Filoplume (FILL-oh-ploom) feathers, one sketched at the right, are like down feathers, except that they're mostly stiff shaft with only a few disorganized barbs clustered near the tip. Filoplumes often appear sparsely on the undersides of birds or on their wings, beneath their contour feathers. Probably they help keep the other feathers in place.
Bristle feathers, one sketched at the left, are the opposite to filoplumes in the sense that instead of bearing a modest plume of barbs at the shaft's top, the barbs are at the bottom. Bristle feathers most typically occur around the mouth and/or eyelids of certain bird types, such as flycatchers and nighthawks, who capture insects during mid-flight. Presumably the bristles' stiffness somewhat protects the head's most sensitive spots during high-speed captures, and enhances the ability to feel and manipulate what's been captured.
Like clothing on a human, feathers help birds control their body temperatures. Fluffed-out feathers trap air, and hardly anything insulates against cold weather better than trapped air. If you want a super-lightweight sleeping bag for extremely cold temperatures, it's hard to beat a bag filled with goose down. In the picture, this Common Ground Dove, Columbina passerina, has fluffed up the feathers so loosely that instead of holding warm air in place, they're letting in fresh, warm morning air during a wintertime sun-basking moment.
Feathers also supply a little armor. Duck hunters know that sometimes their buckshot hitting at an angle glance off a duck's feathers.
The US Fish & Wildlife Service Forensics Laboratory offers an interesting, freely accessible Identify Feather Tool you might enjoy trying.
A feather begins as a feather follicle, which is a tiny pimple-like, tubular structure embedded in the skin. The feather emerges through this follicle's outer opening. The lower part of the emerged feather's shaft, or rachis, where no barbs are formed, called the calamus, is rooted in the follicle. The picture at the right shows the wingtip of a nestling, where barbs of the wing's contour feathers are just beginning to emerge from the calamus. In the picture, most of the future feather's stiff shaft and vane still are wrapped into a tight bundle inside the calamus, but the bundle is issuing through the calamus's open top, and soon will expand into a fully developed contour feather.
How many feathers does a bird have? It depends on which bird species, their age, and maybe sometimes the season. Most songbirds possess 1,500 to 3,000 feathers, of which 30 to 40 percent are located on the head and neck. Birds of prey, such as hawks and eagles, usually have 5000-8000 feathers. A swan, however, may have as many as 25,000.

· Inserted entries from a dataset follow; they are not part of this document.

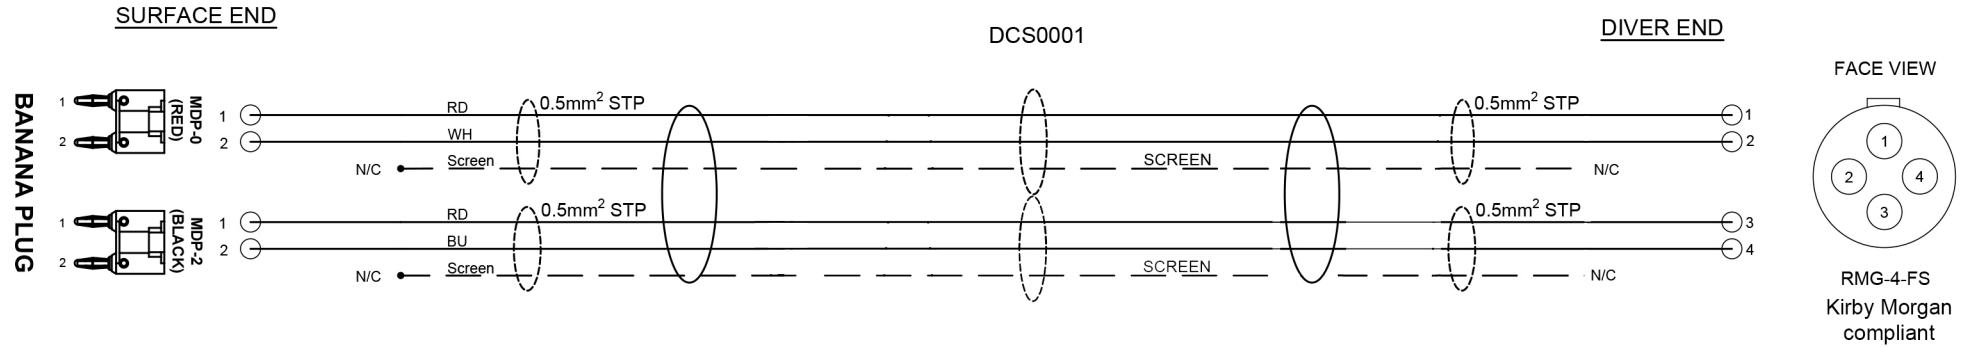

1. WIRING DIAGRAM.

### VIDEO-SPOTLIGHT CABLING

DESCRIPTION: WIRING DIAGRAM  
COMMUNICATION - VIDEO - SPOTLIGHT  
**MiniExplorer Deluxe HD**

MACOLA No: TOTAL MASS IN AIR: MATERIAL: SCALE: DRAWING No: SHEET:

REV	DATE	DESCRIPTION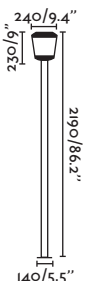

Plaza

75607

● Dark Grey/Gris Oscuro

Material Body Aluminium/Aluminio
Diff Transparent PC/PC Transparente

Light Source SMD LED 24W 3000K 1120Lm

CRI >80

Driver incl. Yes

Class I

Voltage (V/Hz) 100V-240V/50-60HZ

IP 54

IK 08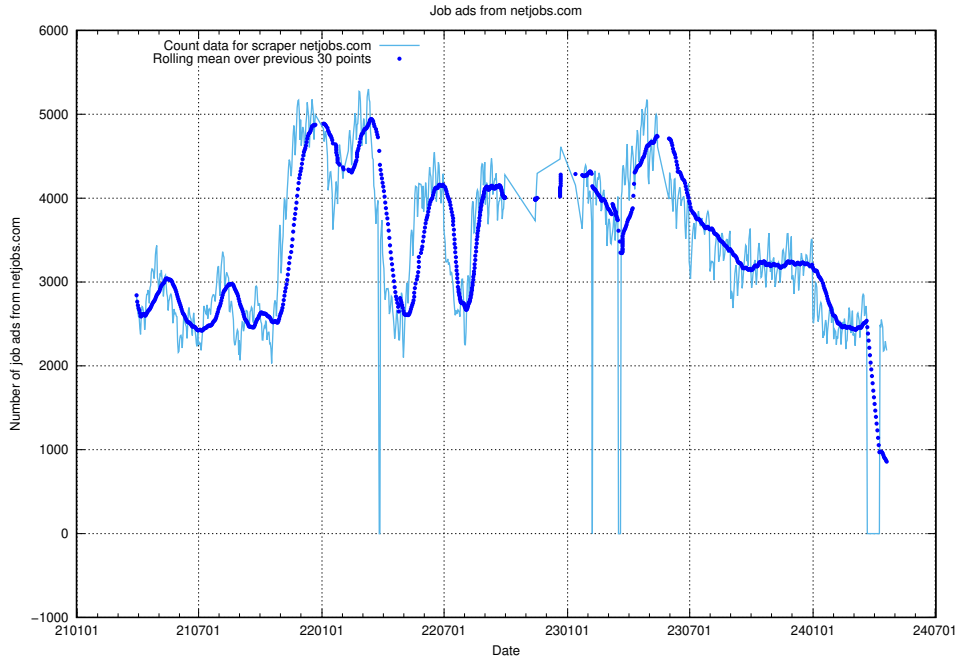

13.5 Number of ads by scraper netjobs.com

Here, we count the number of job ads scraped from netjobs.com.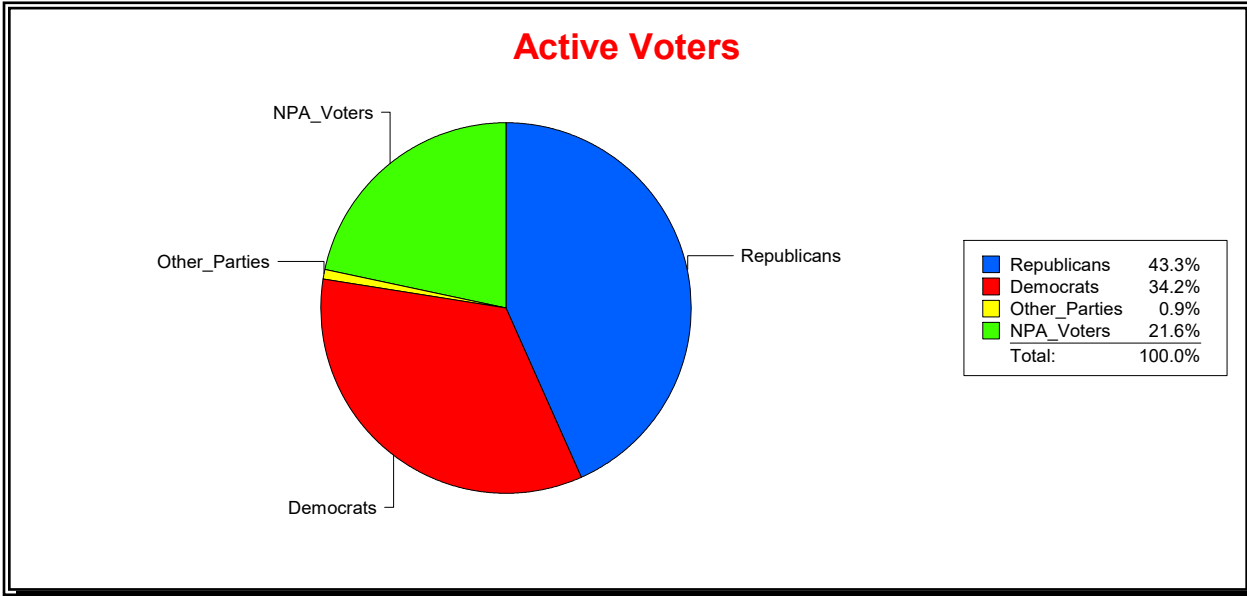

WESLEY WILCOX

Supervisor of Elections

MARION COUNTY, FL

Date 9/3/2019

Time 10:55 AM

Graphs of District Registration

Active Registered Voters

Inactive Voters

District	Total	Dems	Reps	NonP	Other	Total	Dems	Reps	NonP	Other
County Commission 5	48,062	16,424	20,817	10,366	455	2,584	932	879	760	13

WESLEY WILCOX

Supervisor of Elections

MARION COUNTY, FL

Date 9/3/2019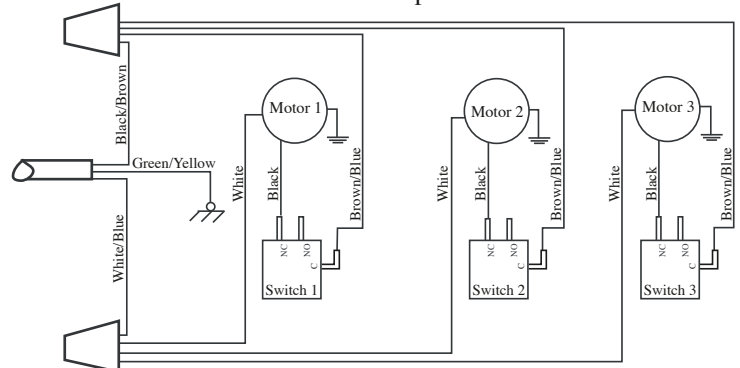

WARING COMMERCIAL DMC201DCA

Triple Head Drink Mixer

Front View of Current Knob

017440 /CAC20
Container (optional)

Illustration #	Part #	Description
1	029269	Screw 7 Req.'d
2	029271	Washer 7 Req.'d
3	029270	Rear Panel
4	029272	Screw 9 Req.'d
5	029273	Washer 9 Req.'d
6	029269	Screw 6 Req.'d
7	029283	Washer 6 Req.'d
8	030318 029274	Switch & Bracket Assy. 3 Req.'d (<i>current production</i>) Switch & Bracket Assy. 3 Req.'d (<i>older units</i>)
9	029275	Switch Return Spring 3 Req.'d
10	029269	Screw
11	029276	Washer
12	029277	Lead - blue 3 Req.'d
13	016567	Wire Nut 2 Req.'d
14	013731	Cable Tie 5 Req.'d
15	029278	Cord Set
16	029279	Strain Relief
17	503213	Frame Assy. /stand & front panel
18	030319 026720	Knob-screw on 3 Req.'d (<i>current production</i>) Knob-snap on 3 Req.'d (<i>older units</i>)
19	029281	Container Support Screw 3 Req.'d
20	029282	Container Support 3 Req.'d
21	029284	Foot 4 Req.'d
22	029286	Clamp 2 Req.'d
23	029287	Rivet 2 Req.'d
24	029288	Stabilizer
25	029289 029290 029291	Motor Head 3 Req.'d disk agitator /head comes with this part screw /head comes with this part
26	029292	Butterfly Agitator 3 Req.'d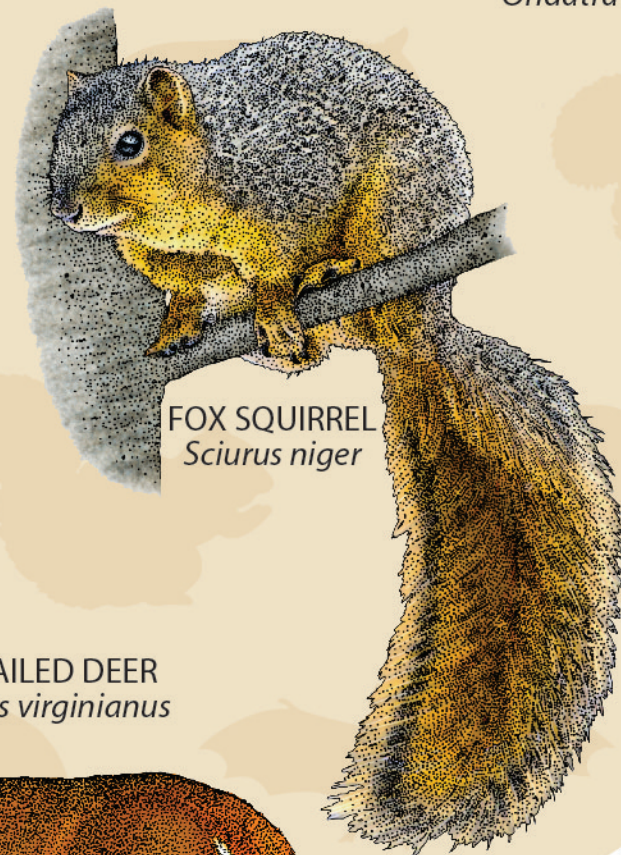

COMMON MAMMALS OF LOUISIANA

BOBCAT
Lynx rufus

GRAY FOX
Urocyon cinereoargenteus

RED FOX
Vulpes vulpes

COYOTE
Canis latrans

HOUSE MOUSE
Mus musculus

AMERICAN MINK
Neovison vison

STRIPED SKUNK
Mephitis mephitis

EASTERN COTTONTAIL
Sylvilagus floridanus

SWAMP RABBIT
Sylvilagus aquaticus

VIRGINIA OPOSSUM
Didelphis virginiana

NORTHERN LONG-EARED BAT
Myotis septentrionalis

MUSKRAT
Ondatra zibethicus

NORTH AMERICAN RIVER OTTER
Lontra canadensis

NINE-BANDED ARMADILLO
Dasypus novemcinctus

NORTHERN RACCOON
Procyon lotor

FOX SQUIRREL
Sciurus niger

EASTERN GRAY SQUIRREL
Sciurus carolinensis

AMERICAN BEAVER
Castor canadensis

LOUISIANA BLACK BEAR
Ursus americanus luteolus

WHITE-TAILED DEER
Odocoileus virginianus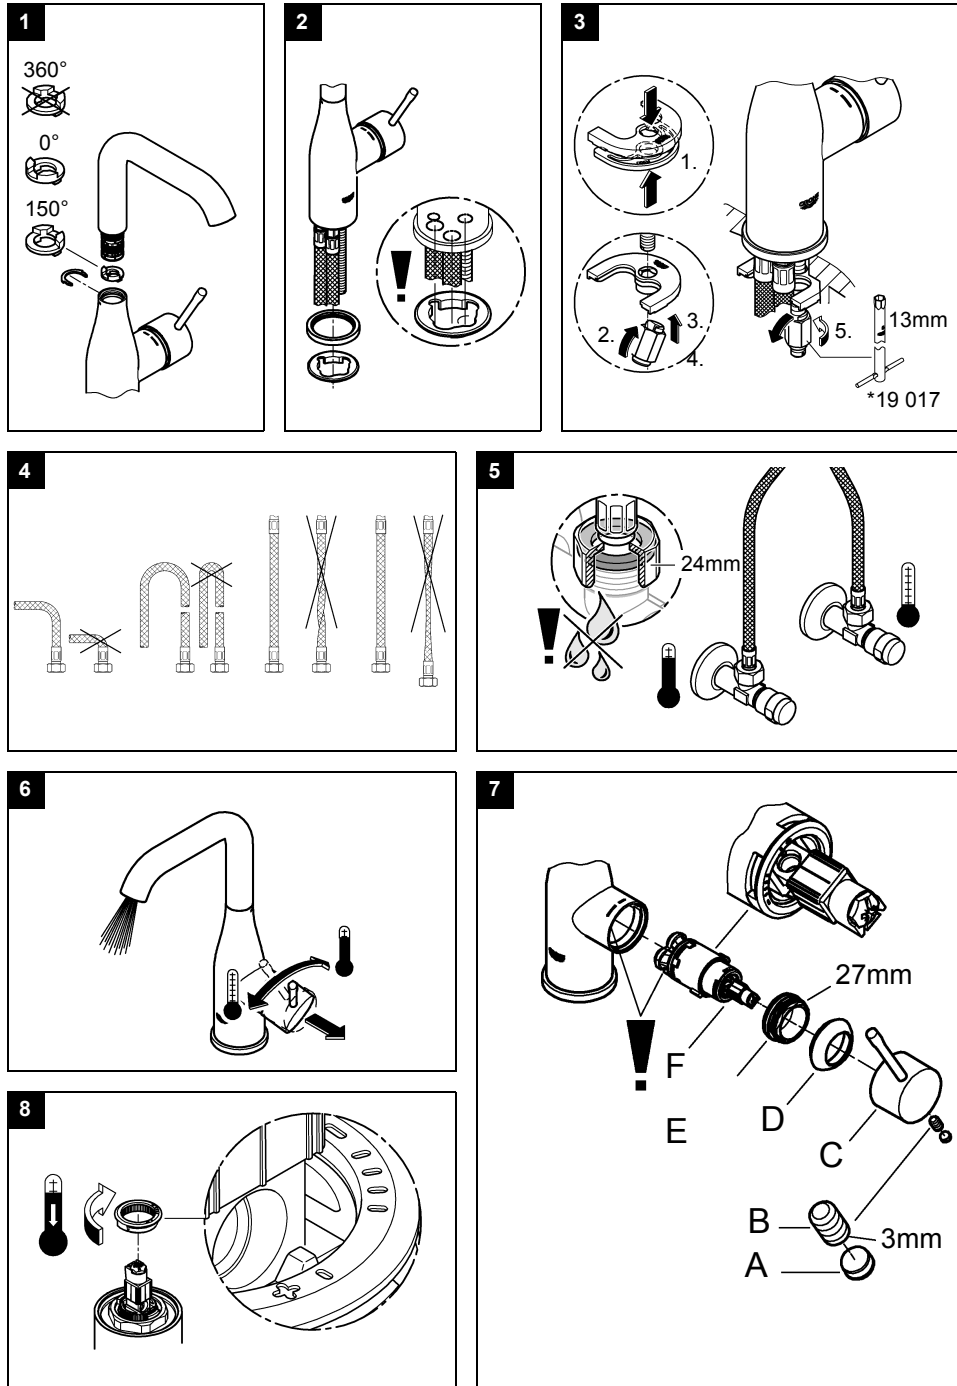

ESSENCE NEW
GOOSENECK BASIN MIXER
MODEL #23488001

Pure Freude
an Wasser

GROHE

Product Specifications

Product Description

Essence New
Single-Lever Basin Mixer

M-Size
Single Hole Installation
Metal Lever

GROHE SilkMove® 28 mm Ceramic Cartridge with
temperature limiter

GROHE StarLight® chrome finish

GROHE QuickFix® Plus Installation System Swivel
Spout with Mousseur (Aerator) and stop limiter

Smooth body
Flexible Connection Hoses
DR-brass

Installation instructions

Installation Instructions

Flush piping system prior and after installation of fitting thoroughly.

Installation and connection-Refer to the dimensional drawing above.

This product must be installed in conformance with local codes e.g. AS/NZS 3500 series of standard!

ESSENCE
GOOSENECK BASIN MIXER
MODEL #23488001

Pure Freude
an Wasser

Spare Parts

Pos.-nr.	Product Description	Order-nr.	Units per package
1	Lever	46919000	1
2	Cartridge	46580000	1
3	Tubular spout	13373000	1
4	Shank fastening assembly	46645000	
5	Mounting wrench - optional extra	19017000	1

The concentration of feathers around the head and neck reflects the need to protect the brain against temperature extremes. Most naturalists can tell stories about snakes and lizards caught outside during cold snaps, who were so dazed they didn't try to escape. As a general rule, the colder the climate a bird species lives in, the greater its number of feathers. Each Tundra Swan so prettily flying by below bears about 25,000 feathers, of which some 80 percent are on the head and neck!